### TASK STATEMENT:
Omit any picture, and return the remaining data exactly as written.

Data records:
━━━━━━━━

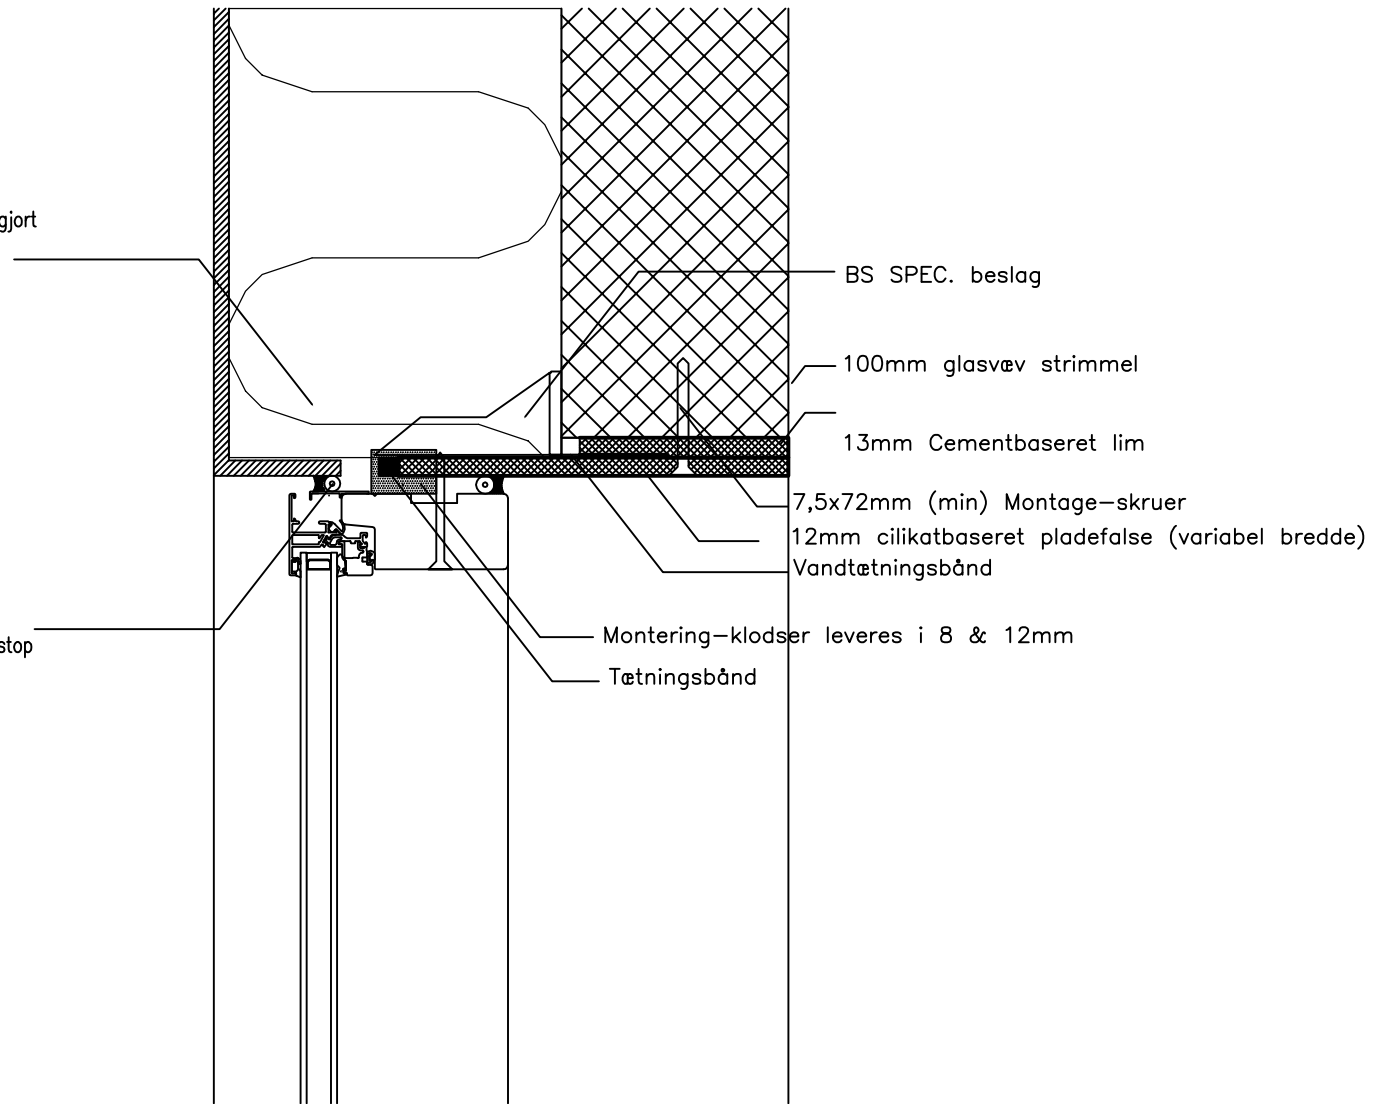

Vandret snit
 Facadepuds – 2010

EMNE:	TEGN. NR.:
BS FALSEN, 120mm bagvæg	(21)5.2
Dato:	Mål:
29-10-2015	1:5

Alu-sålbænk, lakeret i farve som vinduer heldning 1:7
 der skal udlægges elastisk fuge mellem sålbænk og facadepuds før montage af sålbænk

Lodret snit
 Facadepuds – 2010

EMNE:	TEGN. NR.:
BS FALSEN, 120mm bagvæg	(21)5.3
Dato:	Mål:
29-10-2015	1:5

Systempuds som ST0, kornst. 1,5
 Mineraluld trykf. 220 mm kl. 0,37 klæbet og mekanisk fastgjort
 Farve iht. aftale

Elastiskfuge godkendt til facadepuds, på ikke sugende bagstop

Lodret snit
 Facadepuds – 2010

EMNE:	TEGN. NR.:
BS FALSEN, 120mm bagvæg	(21)5.4
Dato:	Mål:
29-10-2015	1:5
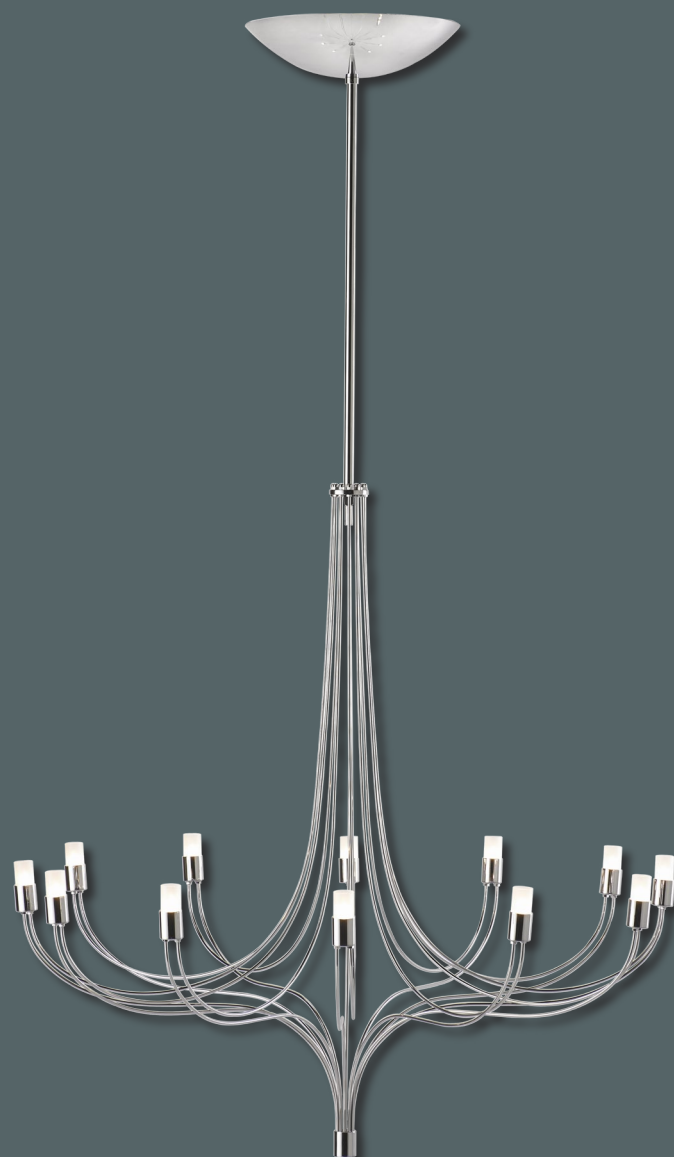

Cepheus 85

THEIS®

THEIS® Cepheus 85 er en nydelse for øjet. En skulptur af lys, hvor intet er overladt til tilfældighederne.

Med sit elegante formsprog og smukke spredning af lyset taler designet for sig selv. En ny dansk klassiker er født.

Anvendelse:	THEIS® Cepheus 85 egner sig fint til storrum, foyerer, store halls og trapperum.
Udformning:	Leveres i en 12-armet udgave.
Rumhøjde:	THEIS® Cepheus 85 kræver en lofthøjde på mindst 3,5 m og 4,5 m med Uplight.
Overflader:	24 karat guld, blank krom, mat krom eller børstet nikkel.
Vægt:	10 kg. (lysekroner + overdel).
Lyskilder:	12V/20W pr. arm.
Strømforsyning:	250VA ringkernetransformer forberedt for lysdæmpning.
LED:	Kan leveres i en energibesparende LED-udgave.
Loftsbaldakin:	Ved valg af Uplight medfølger en loftsbaldakin i valgfri overfalde/farve.
Pendelrør:	På mål, tilpasset det enkelte rum.
Tilbehør:	Uplight i LED Kan lysdæmpes separat.

THEIS® Cepheus 85 kan også hænges op på skrå lofter med et særligt beslag (tilkøb).

Det er desuden muligt at få specialfremstillet lysekronen efter særlige forhold eller ønsker.

THEIS® Cepheus 85
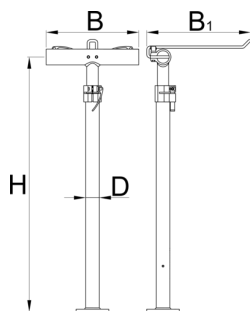

Рамка за држач за двојно стегање и поправки, без стеги и плочи

1693.5C

Profiles

Product features

- Направи своја сопствена рамка за држач на велосипеди со 2 стегача. Можете да изберете помеѓу 3 различни стегалки (1693.1 ,1693.1S,1693.1Q),додадете фиксна плоча на рамката (1693.4C) или само фиксирајте ја во подот.

Barcode	H↑	H↓	H1 max	H1 min	B	B1	D	Weight
623249	1599	974	1560	935	340	382	50	8000

* Сликите на производите се симболични. Сите димензии се во мм, тежината е во грамови. Сите наведени димензии може да се разликуваат во ниво на толеранција
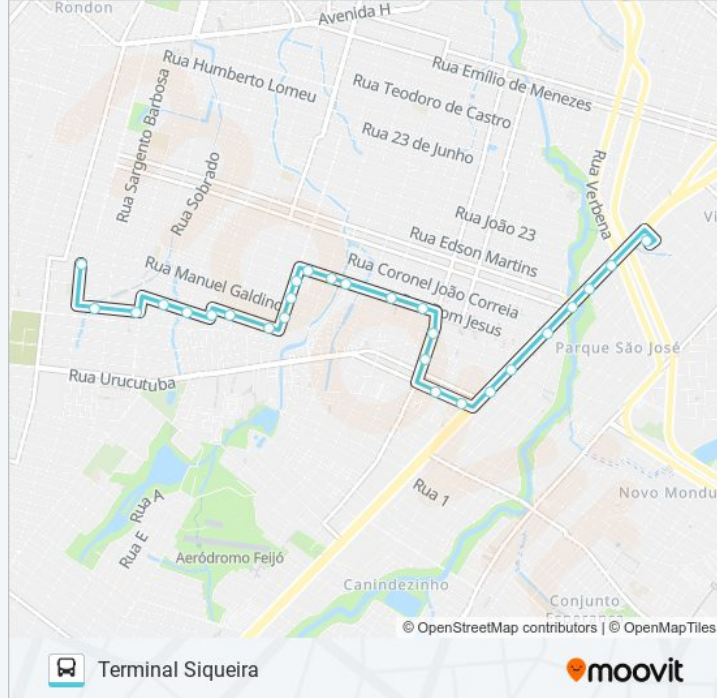

Rua Barra Mansa, 637 - Granja Lisboa
Rua Barra Mansa, 900 - Granja Lisboa
Rua Barra Mansa, 1538 - Granja Lisboa
Rua João Vítor, 1685 - Granja Lisboa
Rua Santa Rita | Upa - Granja Lisboa

Sentido: Terminal Siqueira

Informações da linha de ônibus 376 PARQUE SANTA CECILIA II / SIQUEIRA

Sentido: Terminal Siqueira

Paradas: 27

Duração da viagem: 16 min

Resumo da linha:

Rua Maria Júlia, 1300 - Bom Jardim

Rua Maria Júlia Rocha, 1510 - Bom Jardim

Rua Pedro Martins | Emef Catarina Lima Da Silva - Bom Jardim

Rua Pedro Martins, 133 - Bom Jardim

Avenida General Osório De Paiva, 4643 - Canindezinho

Avenida General Osório De Paiva, 3471 - Canindezinho

Avenida General Osório De Paiva, 4237 - Canindezinho

Avenida General Osório De Paiva, 4089 - Canindezinho

Avenida General Osório De Paiva, 3999-4061 - Parque São José

Avenida General Osório De Paiva, 3531 - Parque São José

Terminal Siqueira

Os horários e os mapas do itinerário da linha de ônibus 376 PARQUE SANTA CECILIA II / SIQUEIRA estão disponíveis, no formato PDF offline, no site: moovitapp.com. Use o [Moovit App](#) e viaje de transporte público por Fortaleza e Região! Com o Moovit você poderá ver os horários em tempo real dos ônibus, trem e metrô, e receber direções passo a passo durante todo o percurso!
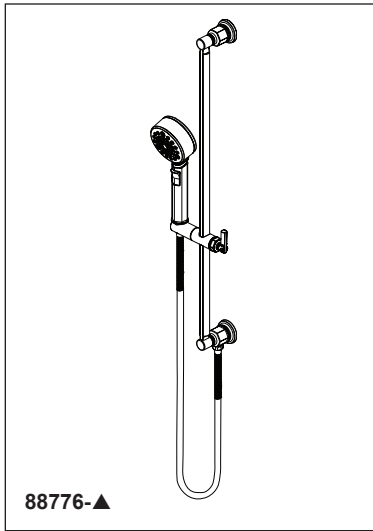

BRIZO^{MD}

DOUCHETTE AVEC BARRE COULISSANTE

- Collection Invari^{MD} pour salle de bain
- Douchette à 4 fonctions

CARACTÉRISTIQUES :

- Technologie H₂Okinetic^{MD}

SPÉCIFICATIONS STANDARDS :

- Débit maximal de 1,75 gal./min à 80 psi, 6,6 L/min à 550 kPa
- Clapets anti-retour doubles certifiés pour la prévention des refoulements
- Barre murale avec glissière réglable (permet de régler la hauteur de la douche). Ne pas utiliser comme barre d'appui.
- Boyau à extensible en métal fini de 60 à 82 po (1524 mm à 2083 mm)
- La barre murale comprend un coude intégré pour le raccordement du boyau
- Le coude intégré possède un raccord d'alimentation standard de 1/2 po (13 mm) -14 NPT
- La barre coulissante peut être installée avec un raccord de boyau sur le dessus si souhaité.
- 4 réglages de jet : Jet de rinçage H₂Okinetic^{MD}, jet complet, jet de massage et pause. Pause est un arrêt non positif.

GARANTIE

- Pièces et finition – Garantie à vie limitée; ou pour les clients commerciaux, 10 ans pour les résidences multifamiliales (appartements et condominiums) et 5 ans pour tout autre usage commercial, dans tous les cas à compter de la date de réception du produit par l'acheteur initial ou son représentant autorisé (installateur, etc.).
- Veuillez consulter fr.brizofaucet.ca pour tous les détails de notre garantie limitée.

COMPLIES WITH:

- ASME A112.18.1 / CSA B125.1
- EPA WaterSense^{MD}
- ICC/ANSI A117.1
- Votre douchette Brizo intègre un système de protection anti-refoulement qui a été testé conformément aux normes ASME A112.18.3 et ASME A112.18.1/CSA B125.1. Elle comprend deux clapets anti-retour certifiés en série, qui fonctionnent indépendamment et font partie intégrante de l'ensemble de la douchette, et ne peuvent pas être remplacés.

▲ Désigne le suffixe approprié de la finition
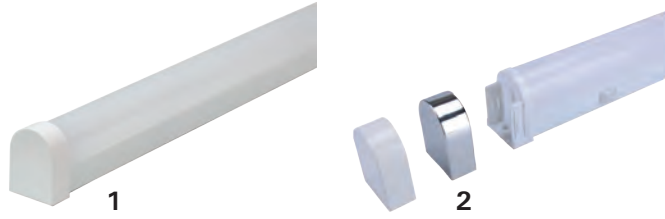

Sehr einfache Montage
 Very easy installation
 Installation très facile
 Zeer eenvoudige montage

Spila Spila MKII

	K	W	lm	lm/W	PF	UGR	LxBxH (mm)	g				€ netto	
LG40107	3000	15	1200	80	0,9	22	680 x 65 x 53	635	<input type="checkbox"/>	<input checked="" type="checkbox"/>	<input checked="" type="checkbox"/>	55,-	3
LG40109 NEW	4000	15	1400	93	0,9	22	600 x 65 x 53	354	<input type="checkbox"/>	<input checked="" type="checkbox"/>	<input checked="" type="checkbox"/>	54,90	1
LG40110 NEW	3000	15	1200	80	0,9	22	600 x 65 x 53	354	<input type="checkbox"/>	<input checked="" type="checkbox"/>	<input checked="" type="checkbox"/>	54,90	1
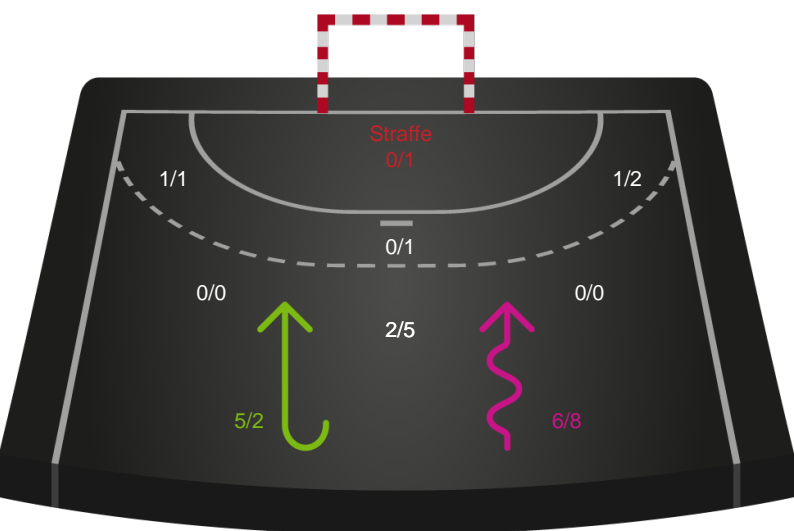

Ringkøbing Håndbold

Skuddiagram
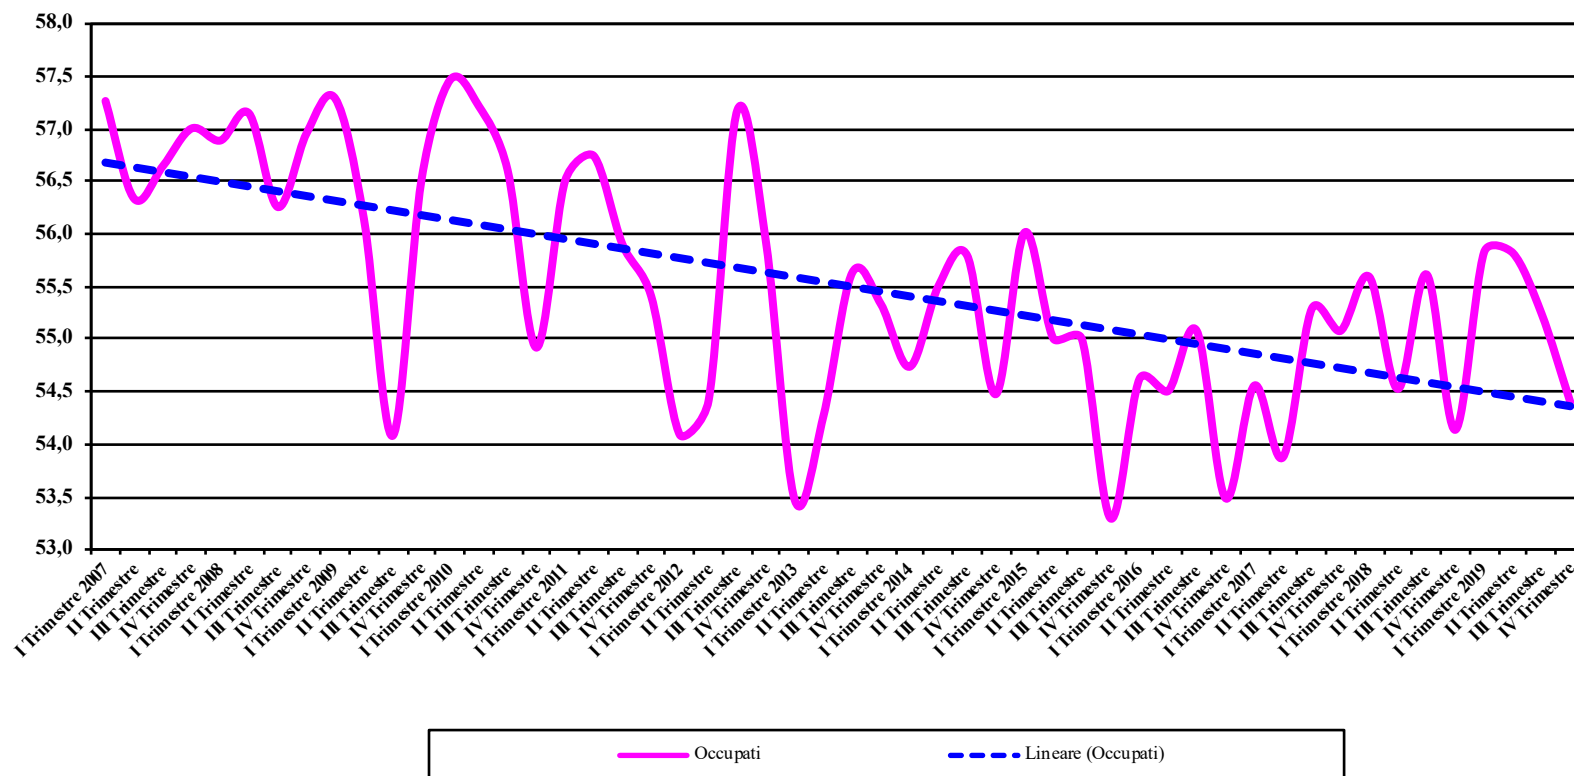

## VALLE D'AOSTA: OCCUPAZIONE TOTALE E TENDENZIALE (dati trimestrali - valori assoluti) ANNI 2007 - 2019

Fonte: Istat, RCFL
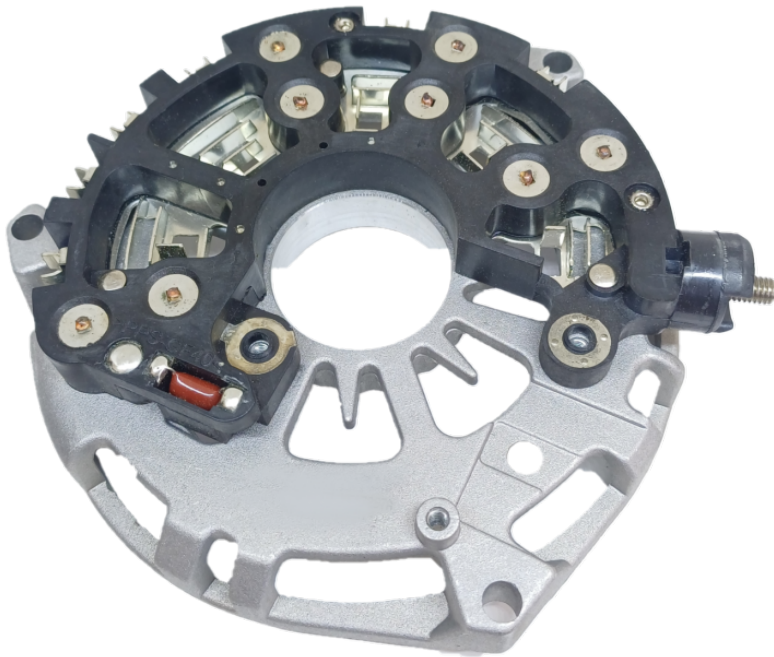

**ROTOFRANCE**

PUENTES Y PLACAS

## PFO1L2U01

**Puente tipo Ford:** F6LU10300CA; (8 diodos; sin diodos auxiliares); Ø 133 mm

**Aplicaciones:** Ford

**Conexionado:**

━━━━━━━━

### RESULT FOR THIS TASK:
Vandret snit
 Facadepuds – 2010

EMNE:	TEGN. NR.:
BS FALSEN, 120mm bagvæg	(21)5.2
Dato:	Mål:
29-10-2015	1:5

Alu-sålbænk, lakeret i farve som vinduer heldning 1:7
 der skal udlægges elastisk fuge mellem sålbænk og facadepuds før montage af sålbænk

Lodret snit
 Facadepuds – 2010

EMNE:	TEGN. NR.:
BS FALSEN, 120mm bagvæg	(21)5.3
Dato:	Mål:
29-10-2015	1:5

Systempuds som ST0, kornst. 1,5
 Mineraluld trykf. 220 mm kl. 0,37 klæbet og mekanisk fastgjort
 Farve iht. aftale

Elastiskfuge godkendt til facadepuds, på ikke sugende bagstop

Lodret snit
 Facadepuds – 2010

EMNE:	TEGN. NR.:
BS FALSEN, 120mm bagvæg	(21)5.4
Dato:	Mål:
29-10-2015	1:5

Cepheus 85

THEIS®

THEIS® Cepheus 85 er en nydelse for øjet. En skulptur af lys, hvor intet er overladt til tilfældighederne.

Med sit elegante formsprog og smukke spredning af lyset taler designet for sig selv. En ny dansk klassiker er født.

Anvendelse:	THEIS® Cepheus 85 egner sig fint til storrum, foyerer, store halls og trapperum.
Udformning:	Leveres i en 12-armet udgave.
Rumhøjde:	THEIS® Cepheus 85 kræver en lofthøjde på mindst 3,5 m og 4,5 m med Uplight.
Overflader:	24 karat guld, blank krom, mat krom eller børstet nikkel.
Vægt:	10 kg. (lysekroner + overdel).
Lyskilder:	12V/20W pr. arm.
Strømforsyning:	250VA ringkernetransformer forberedt for lysdæmpning.
LED:	Kan leveres i en energibesparende LED-udgave.
Loftsbaldakin:	Ved valg af Uplight medfølger en loftsbaldakin i valgfri overfalde/farve.
Pendelrør:	På mål, tilpasset det enkelte rum.
Tilbehør:	Uplight i LED Kan lysdæmpes separat.

THEIS® Cepheus 85 kan også hænges op på skrå lofter med et særligt beslag (tilkøb).

Det er desuden muligt at få specialfremstillet lysekronen efter særlige forhold eller ønsker.

THEIS® Cepheus 85

Рамка за држач за двојно стегање и поправки, без стеги и плочи

1693.5C

Profiles

Product features

- Направи своја сопствена рамка за држач на велосипеди со 2 стегача. Можете да изберете помеѓу 3 различни стегалки (1693.1 ,1693.1S,1693.1Q),додадете фиксна плоча на рамката (1693.4C) или само фиксирајте ја во подот.

Barcode	H↑	H↓	H1 max	H1 min	B	B1	D	Weight
623249	1599	974	1560	935	340	382	50	8000

* Сликите на производите се симболични. Сите димензии се во мм, тежината е во грамови. Сите наведени димензии може да се разликуваат во ниво на толеранција

Rua Barra Mansa, 637 - Granja Lisboa
Rua Barra Mansa, 900 - Granja Lisboa
Rua Barra Mansa, 1538 - Granja Lisboa
Rua João Vítor, 1685 - Granja Lisboa
Rua Santa Rita | Upa - Granja Lisboa

Sentido: Terminal Siqueira

Informações da linha de ônibus 376 PARQUE SANTA CECILIA II / SIQUEIRA

Sentido: Terminal Siqueira

Paradas: 27

Duração da viagem: 16 min

Resumo da linha:

Rua Maria Júlia, 1300 - Bom Jardim

Rua Maria Júlia Rocha, 1510 - Bom Jardim

Rua Pedro Martins | Emef Catarina Lima Da Silva - Bom Jardim

Rua Pedro Martins, 133 - Bom Jardim

Avenida General Osório De Paiva, 4643 - Canindezinho

Avenida General Osório De Paiva, 3471 - Canindezinho

Avenida General Osório De Paiva, 4237 - Canindezinho

Avenida General Osório De Paiva, 4089 - Canindezinho

Avenida General Osório De Paiva, 3999-4061 - Parque São José

Avenida General Osório De Paiva, 3531 - Parque São José

Terminal Siqueira

Os horários e os mapas do itinerário da linha de ônibus 376 PARQUE SANTA CECILIA II / SIQUEIRA estão disponíveis, no formato PDF offline, no site: moovitapp.com. Use o [Moovit App](#) e viaje de transporte público por Fortaleza e Região! Com o Moovit você poderá ver os horários em tempo real dos ônibus, trem e metrô, e receber direções passo a passo durante todo o percurso!

BRIZO^{MD}

DOUCHETTE AVEC BARRE COULISSANTE

- Collection Invari^{MD} pour salle de bain
- Douchette à 4 fonctions

CARACTÉRISTIQUES :

- Technologie H₂Okinetic^{MD}

SPÉCIFICATIONS STANDARDS :

- Débit maximal de 1,75 gal./min à 80 psi, 6,6 L/min à 550 kPa
- Clapets anti-retour doubles certifiés pour la prévention des refoulements
- Barre murale avec glissière réglable (permet de régler la hauteur de la douche). Ne pas utiliser comme barre d'appui.
- Boyau à extensible en métal fini de 60 à 82 po (1524 mm à 2083 mm)
- La barre murale comprend un coude intégré pour le raccordement du boyau
- Le coude intégré possède un raccord d'alimentation standard de 1/2 po (13 mm) -14 NPT
- La barre coulissante peut être installée avec un raccord de boyau sur le dessus si souhaité.
- 4 réglages de jet : Jet de rinçage H₂Okinetic^{MD}, jet complet, jet de massage et pause. Pause est un arrêt non positif.

GARANTIE

- Pièces et finition – Garantie à vie limitée; ou pour les clients commerciaux, 10 ans pour les résidences multifamiliales (appartements et condominiums) et 5 ans pour tout autre usage commercial, dans tous les cas à compter de la date de réception du produit par l'acheteur initial ou son représentant autorisé (installateur, etc.).
- Veuillez consulter fr.brizofaucet.ca pour tous les détails de notre garantie limitée.

COMPLIES WITH:

- ASME A112.18.1 / CSA B125.1
- EPA WaterSense^{MD}
- ICC/ANSI A117.1
- Votre douchette Brizo intègre un système de protection anti-refoulement qui a été testé conformément aux normes ASME A112.18.3 et ASME A112.18.1/CSA B125.1. Elle comprend deux clapets anti-retour certifiés en série, qui fonctionnent indépendamment et font partie intégrante de l'ensemble de la douchette, et ne peuvent pas être remplacés.

▲ Désigne le suffixe approprié de la finition

Sehr einfache Montage
 Very easy installation
 Installation très facile
 Zeer eenvoudige montage

Spila Spila MKII

	K	W	lm	lm/W	PF	UGR	LxBxH (mm)	g				€ netto	
LG40107	3000	15	1200	80	0,9	22	680 x 65 x 53	635	<input type="checkbox"/>	<input checked="" type="checkbox"/>	<input checked="" type="checkbox"/>	55,-	3
LG40109 NEW	4000	15	1400	93	0,9	22	600 x 65 x 53	354	<input type="checkbox"/>	<input checked="" type="checkbox"/>	<input checked="" type="checkbox"/>	54,90	1
LG40110 NEW	3000	15	1200	80	0,9	22	600 x 65 x 53	354	<input type="checkbox"/>	<input checked="" type="checkbox"/>	<input checked="" type="checkbox"/>	54,90	1

Ringkøbing Håndbold

Skuddiagram

## VALLE D'AOSTA: OCCUPAZIONE TOTALE E TENDENZIALE (dati trimestrali - valori assoluti) ANNI 2007 - 2019

Fonte: Istat, RCFL

**ROTOFRANCE**

PUENTES Y PLACAS

## PFO1L2U01

**Puente tipo Ford:** F6LU10300CA; (8 diodos; sin diodos auxiliares); Ø 133 mm

**Aplicaciones:** Ford

**Conexionado:**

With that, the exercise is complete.